Кит занимал почти весь зал, его морда была устремлена вниз, словно он собирается занырнуть в чернильные глубины. Его широкий хвост, казалось, был готов взметнуться наверх, может, даже проломить потолок, чтобы подсобить гигантскому животному в его погружении. Элис закрыла глаза и сосредоточилась на том, насколько незыблемым казался пол, на котором она лежала.
– Я рассказывал тебе, как мы с Саймоном однажды ходили на концерт Grateful Dead в «Бикон»?
Рассказывал.
– Ну-ка? – отозвалась Элис и улыбнулась. Она наизусть знала каждое слово, которое отец собирался произнести.
– Был тысяча девятьсот семьдесят шестой, – начал Леонард. – У Джерри тогда была та белая гитара. Я знаю кучу людей, которые видели их раз сто, но я видел их всего один. «Бикон» может показаться таким маленьким, смотря где сидеть, а Саймон через своего крутого агента раздобыл нам билеты в третий ряд. В третий! Там было столько красоток, я как будто на четыре часа оказался на другой планете.
Вот чего ей так недоставало. Не только ответов на вопросы, которые ей не хватало духа задать, или семейной истории, которой никто не знал, не только взгляда на свое детство глазами отца, но и вот этих нелепых историй, которые она слышала уже тысячу раз и не услышит больше никогда. Она представляла себе этот концерт: взмокшее лицо Леонарда, его широкую улыбку, когда он еще не был женат, не был отцом, не опубликовал книгу. Она видела этот концерт так же отчетливо, как кита, даже с закрытыми глазами.
Глава 29
Когда они вернулись на Помандер, в доме разрывался телефон.
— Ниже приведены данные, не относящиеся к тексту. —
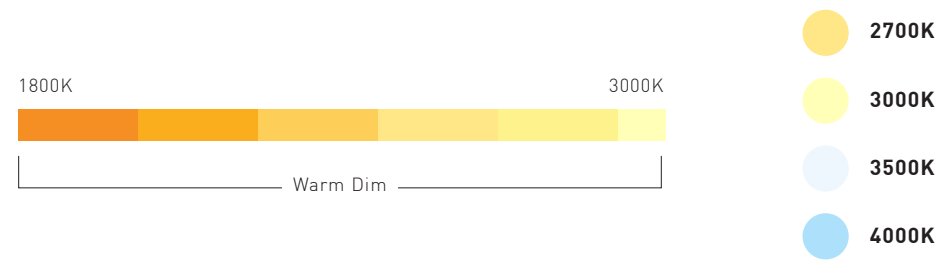

Bright but dimmable – our LEDs bring consistent cool or warm inviting light to life.

COLOR TEMPERATURES

Леонард сдвинулся в сторону и жестом предложил Элис ответить.
– Это тебя, – сказал он.
– Откуда ты знаешь? – спросила Элис и подняла трубку.
– Господи, я уже несколько часов названиваю тебе каждые десять минут, – сказала Сэм.
– Простите, это не Господи, это Элис. – Она обернула провод вокруг пальца. И с чего люди взяли, что мобильники дают им больше свободы? Она моталась где-то весь день, недоступная ни для кого, и вот теперь она на связи.
– Ой, заткнись, бабуля. Где вы собираетесь ужинать? Я подойду прямо туда.
– Где мы будем ужинать, пап? – спросила Элис у Леонарда. Он стоял у кухонного стола и перебирал стопку писем, журналов и черт знает чего еще.
– Можем пойти в ту пиццерию, «Винсент и Тони». И Сэм недалеко идти.